§ Task item: Please give the lines below again exactly as they stand, from the one that contains "1. CONTAINER" up to and including the one that contains "(W x D x H)", leaving all pictures out.

***** Task material

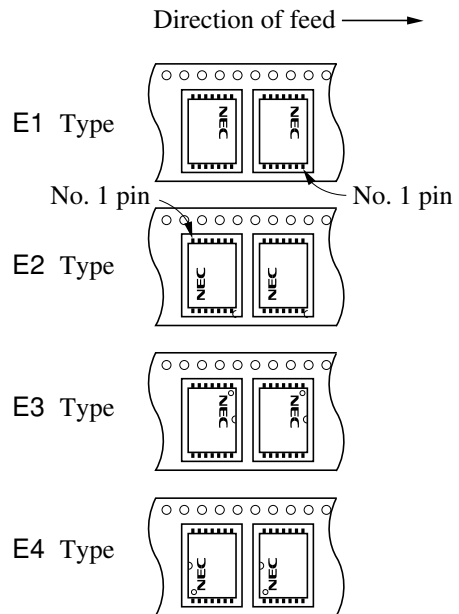

EMBOSSED TAPE PACKING

1. CONTAINER

MOUNTING DIRECTION

2. INNER BOX

Inner box dimension	W × L × H : 343 × 343 × 53 (mm)
Quantity (reel)	1
Label position	Side of box
Label	Product name, Quantity, Lot number, Class
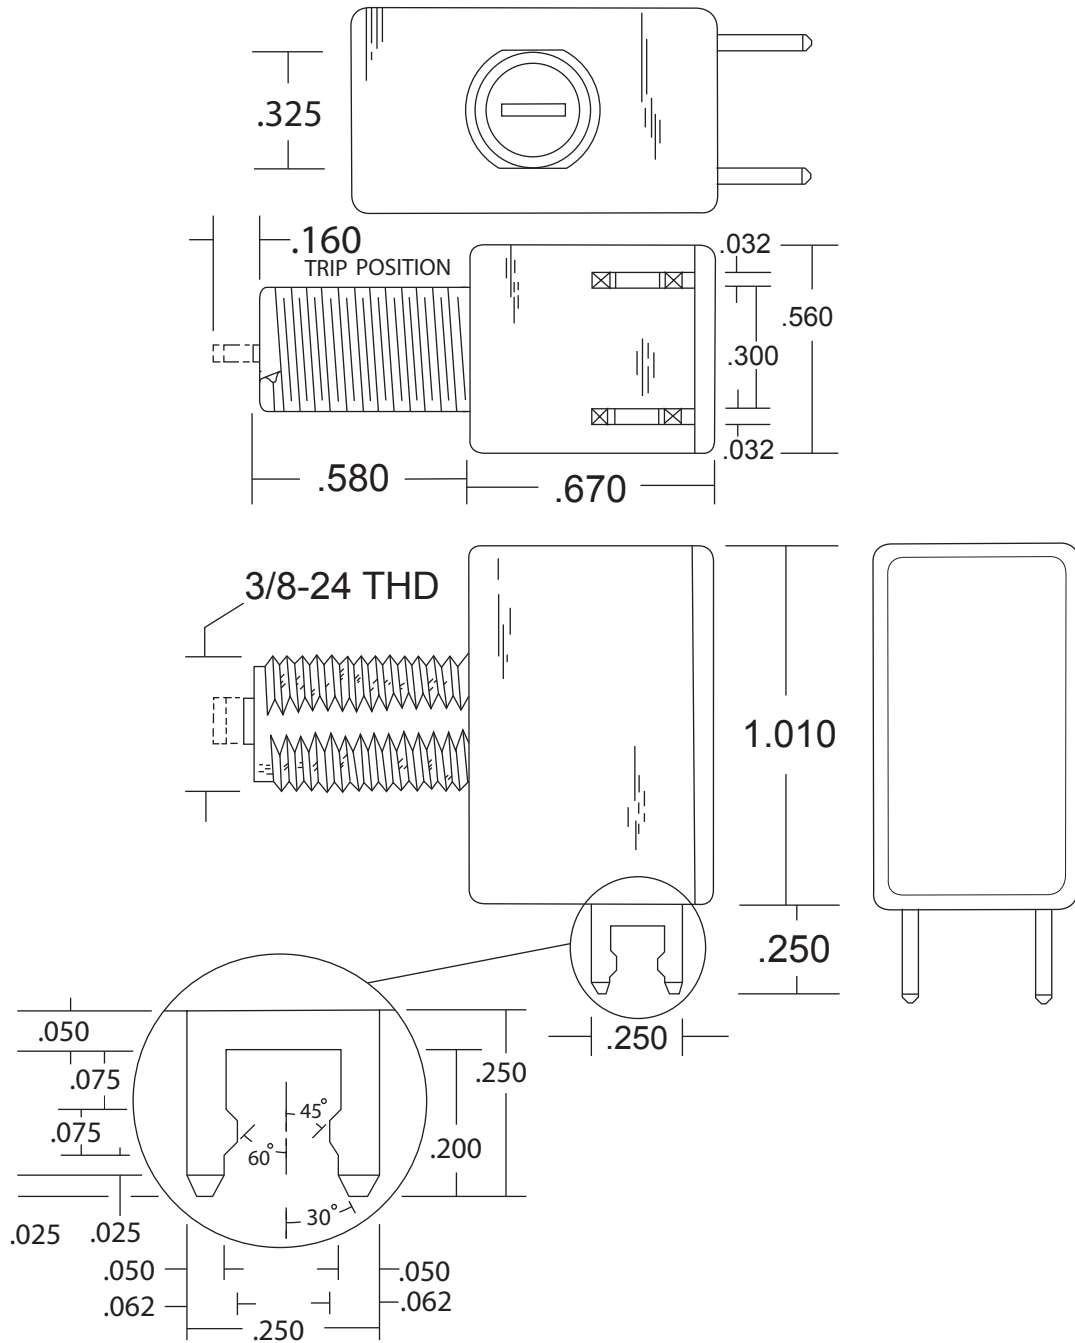

MB1 CIRCUIT BREAKER PC MODEL

1260 Rt. 22 West Mountainside NJ 07092
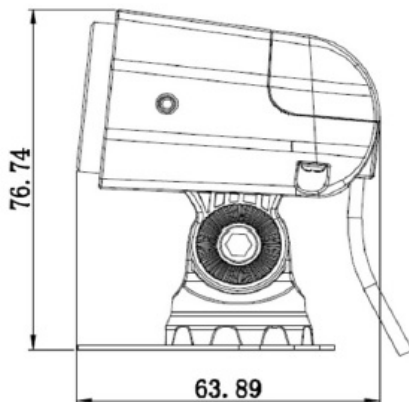

## 3700

<b>Model Number</b>	<b>3700</b>
Description	Side View Camera
Color Available	Black
Product Size	(as below drawing)
Connection Type	GX12 Locking Connector
Waterproof	IP69K
Power Consumption (IR on)	180mA±10mA (12V)
Power Consumption (IR off)	70mA±5mA (12V)

### SPECIFICATIONS

Sensor	1/3" CMOS	
Resolution	768(H) X 494(W)	
Lens	f=3.2mm	
	Horizontal	105°
	Vertical	58°
	Diagonal	120°
Minimum Illumination	0.1 Lux (day), 0 Lux (with IR)	
IR Led	4 pcs	
Night Vision Distance	15-30 ft	
Waterproof	IP69K	
Power Voltage	9V-36V	
Operation Temperature	-30°C~70°C, RH 95% MAX	
Storage Temperature	-40°C~80°C, RH 95% MAX	
Video Format	CVBS @30fps	
Mirror Switch	Available (by UTC)	
Heat Chip	/	
IR Switch	/	
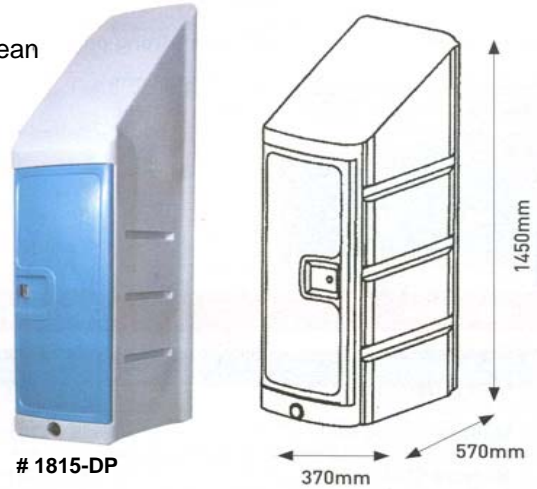

Standard inclusions:

- Latch handle for padlock (std)
- Threaded drain plug in base to allow flushing for hygiene purposes
- Clothes hanging rail
- Std Colour:
 - Body - Light Grey
 - Doors - Teal / Castor Red / Dark Blue

Coat Rail

Standard - Coat Rail

Key Locking & Optional Number Plaque

Key Locking with Opt. Number Plaque

Latch Handle

Standard - Latch Handle

Stainless Steel Shelf

Optional - Stainless Steel Shelf
(Maximum 3 per locker door)

Our policy of constant product improvement may lead to changes to specifications/prices without notice.

Replaces all previous versions

Effective 19th November 2009

SPACEPAC DURAPOLY LOCKERS

45° Angle
 Top for Clean
 storage &
 hygiene
 Purpose

**A Q I S
 APPROVED**

Part Number	Description	Dimensions (W x D x H)	
# 1819-DP	Locker Dome Top (Full H/2 door)	370 x 570 x 1860 mm	<p><i>Please email to spacepac@spacepac.com.au for current pricing</i></p>
# 1820-DP	Locker Dome Angle 45° (Full H/2 door)	370 x 570 x 2355 mm	
# 1813-DP	Locker Dome Top (Full H/1 door)	370 x 570 x 905 mm + 50mm Dome	
# 1815-DP	Locker Dome Angle 45° (Full H/1 door)	370 x 570 x 1450 mm	
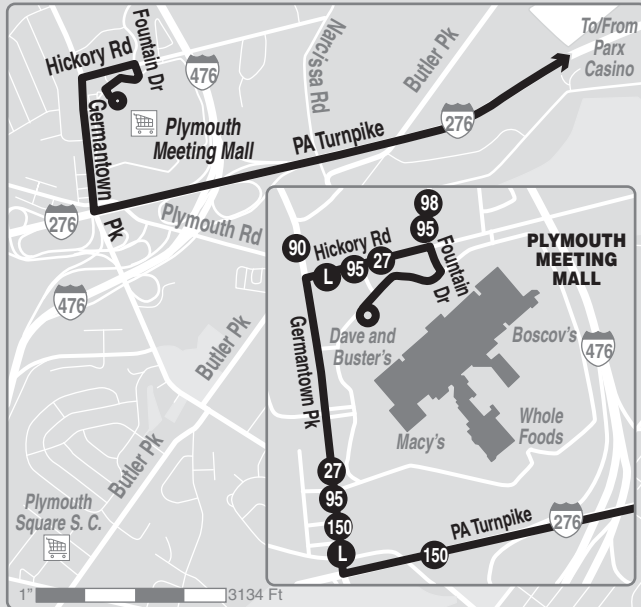

# 150

Effective August 27, 2018

Parx Casino to  
Plymouth  
Meeting Mall

## WEEKDAYS

To Parx Casino		To Plymouth Meeting Mall	
Plymouth Meeting Mall	Parx Casino	Parx Casino	Plymouth Meeting Mall
<b>AM SERVICE</b>			
11.15	11.45	<b>PM SERVICE</b>	
<b>PM SERVICE</b>		1.45	2.15
12.30	1.00	2.45	3.15
1.30	2.02	3.45	4.16
2.30	3.02	6.30	7.01
3.10	3.42	8.30	9.00
		9.45	10.15
		11.20	11.50

## TRAVEL TIPS

- Route 150 does not operate on Sundays or Holidays (New Year's, Memorial, Independence, Labor, Thanksgiving, and Christmas days).
- Fare payment options: cash, transfers, tokens, passes. Go to [www.septa.org](http://www.septa.org) or [m.septa.org](http://m.septa.org) for schedules & real time information. Try **Schedules to Go** for next 10 scheduled trips (smart phone users) or **SMS Schedules** for next 4 scheduled trips (by text message); See bus/trolley locations on **TransitView**.
- To **SAVE** Money on Your Commute visit [www.thecommuterschoice.com](http://www.thecommuterschoice.com)
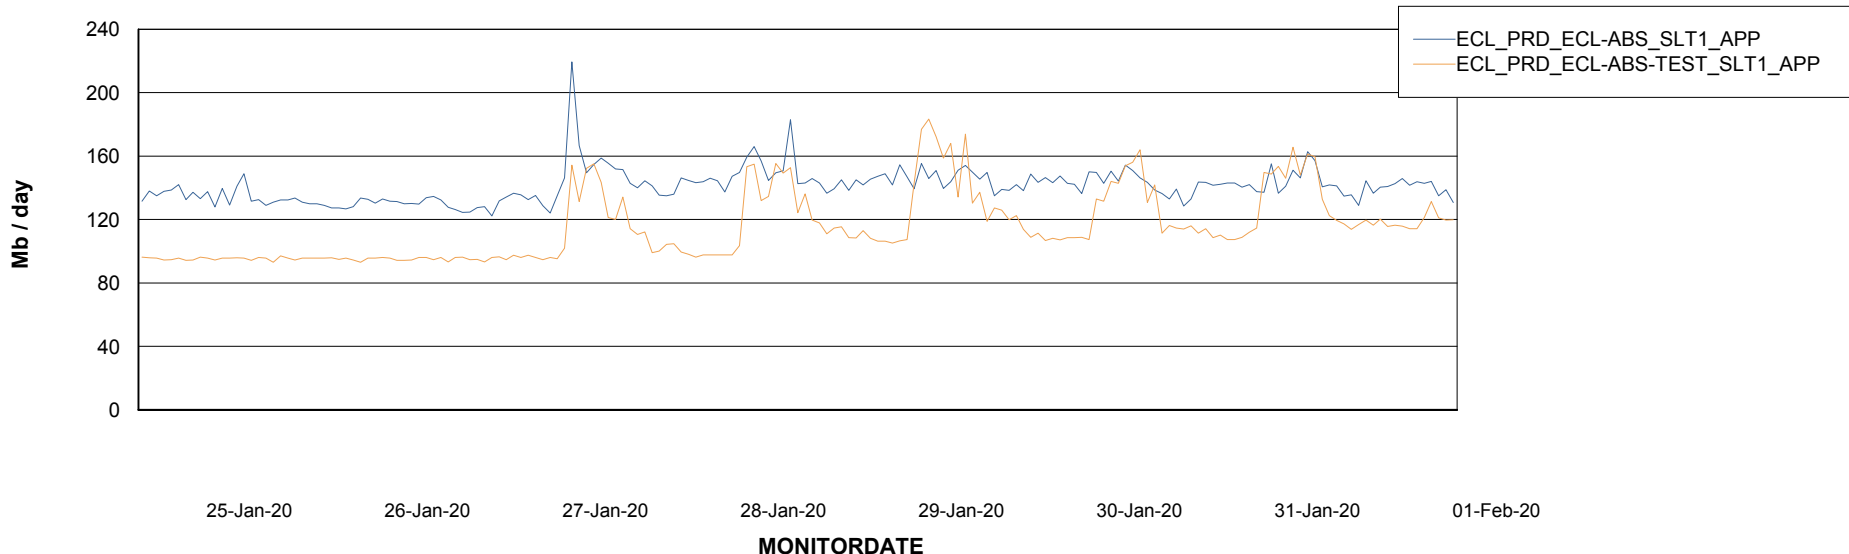

Weekly SLA Customer Report

Customer ECL Production
Database ID 77

Standby Database Health ECL Production

Recovery lag for last 7 days

Weekly SLA Customer Report

Customer ECL Production
Database ID 77

ABSSolute Application Server Services

Avg memory used per ABS Server Service

Avg users per day per ABS server

Weekly SLA Customer Report

Customer ECL Production
Database ID 77

ABSSolute Application ReportServer Services

Avg memory used per ReportServer Service
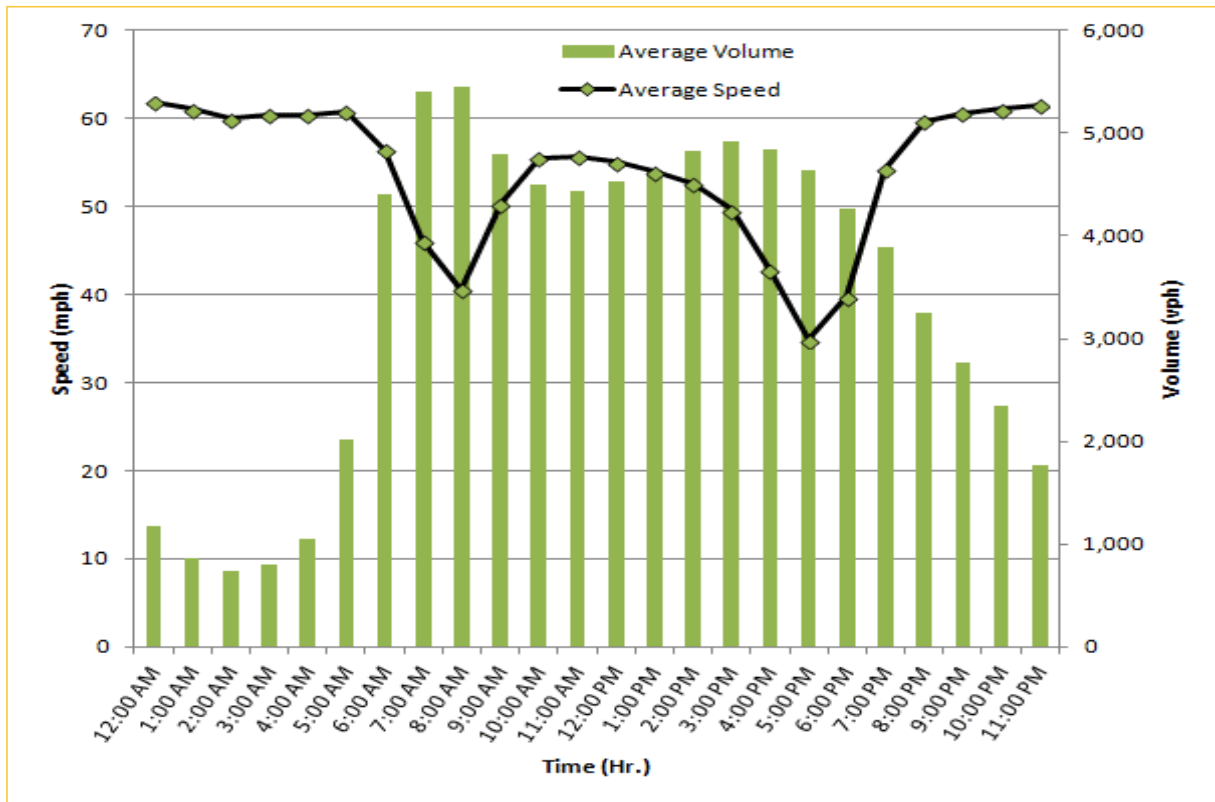

SR 826 Southbound/Westbound: 15.6 Miles
From: East of NW 12 Avenue
To: South of NW 25 Street
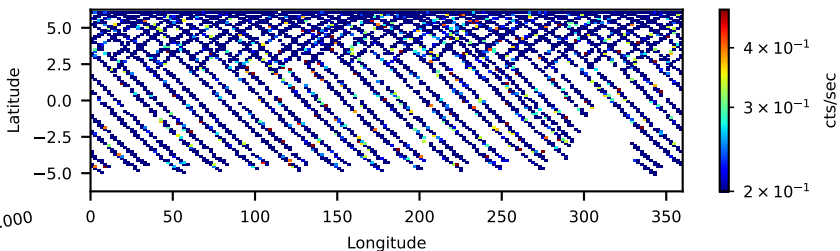

60-s bins

90901306002: 3 to 120 keV

Time  
60-s bins

90901306002: 3 to 10 keV

Time  
60-s bins

90901306002: 30 to 120 keV
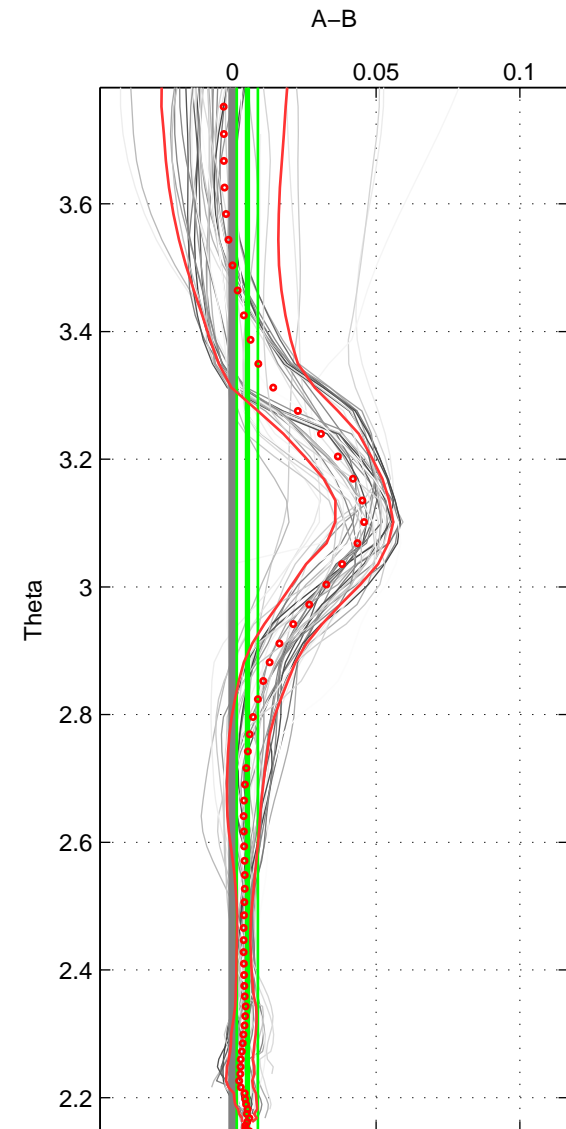

Cruise A (red). Date: Aug 1993 Cruisename: 251-33MW19930704.1

Cruise B (blue). Date: Jun 2004 Cruisename: 275-35TH20040604

\*\*\* "Favourite" values are means of spaces 1 2 3.

	Offset	O.StDev	Ratio	R.Stdev	Rating
SIGMA:	0.010	0.005	1.000	0.000	5
THETA:	0.005	0.004	1.000	0.000	5
DEPTH:	0.004	0.003	1.000	0.000	5
FAV.:	0.006	0.004	1.000	0.000	5

Profiles of A: 6  
 Profiles of B: 18  
 Diff profs : 42  
 WMoffset (A-B): 0.0096482  
 WMoffset stdev: 0.0052565  
 WMratio (A/B): 1.0003  
 WMratio stdev: 0.00015052

Quality (1-5): 5

Profiles of A: 6  
 Profiles of B: 18  
 Diff profs : 42  
 WMoffset (A-B): 0.0052444  
 WMoffset stdev: 0.0036454  
 WMratio (A/B): 1.0002  
 WMratio stdev: 0.00010439

Quality (1-5): 5

Profiles of A: 6  
 Profiles of B: 18  
 Diff profs : 42  
 WMoffset (A-B): 0.0039767  
 WMoffset stdev: 0.0025499  
 WMratio (A/B): 1.0001  
 WMratio stdev: 7.3047e-05

Quality (1-5): 5

**********

§ Result:
1. CONTAINER

MOUNTING DIRECTION

2. INNER BOX

Inner box dimension	W × L × H : 343 × 343 × 53 (mm)
Quantity (reel)	1
Label position	Side of box
Label	Product name, Quantity, Lot number, Class

MB1 CIRCUIT BREAKER PC MODEL

1260 Rt. 22 West Mountainside NJ 07092

## 3700

<b>Model Number</b>	<b>3700</b>
Description	Side View Camera
Color Available	Black
Product Size	(as below drawing)
Connection Type	GX12 Locking Connector
Waterproof	IP69K
Power Consumption (IR on)	180mA±10mA (12V)
Power Consumption (IR off)	70mA±5mA (12V)

### SPECIFICATIONS

Sensor	1/3" CMOS	
Resolution	768(H) X 494(W)	
Lens	f=3.2mm	
	Horizontal	105°
	Vertical	58°
	Diagonal	120°
Minimum Illumination	0.1 Lux (day), 0 Lux (with IR)	
IR Led	4 pcs	
Night Vision Distance	15-30 ft	
Waterproof	IP69K	
Power Voltage	9V-36V	
Operation Temperature	-30°C~70°C, RH 95% MAX	
Storage Temperature	-40°C~80°C, RH 95% MAX	
Video Format	CVBS @30fps	
Mirror Switch	Available (by UTC)	
Heat Chip	/	
IR Switch	/	

Standard inclusions:

- Latch handle for padlock (std)
- Threaded drain plug in base to allow flushing for hygiene purposes
- Clothes hanging rail
- Std Colour:
 - Body - Light Grey
 - Doors - Teal / Castor Red / Dark Blue

Coat Rail

Standard - Coat Rail

Key Locking & Optional Number Plaque

Key Locking with Opt. Number Plaque

Latch Handle

Standard - Latch Handle

Stainless Steel Shelf

Optional - Stainless Steel Shelf
(Maximum 3 per locker door)

Our policy of constant product improvement may lead to changes to specifications/prices without notice.

Replaces all previous versions

Effective 19th November 2009

SPACEPAC DURAPOLY LOCKERS

45° Angle
 Top for Clean
 storage &
 hygiene
 Purpose

**A Q I S
 APPROVED**

Part Number	Description	Dimensions (W x D x H)	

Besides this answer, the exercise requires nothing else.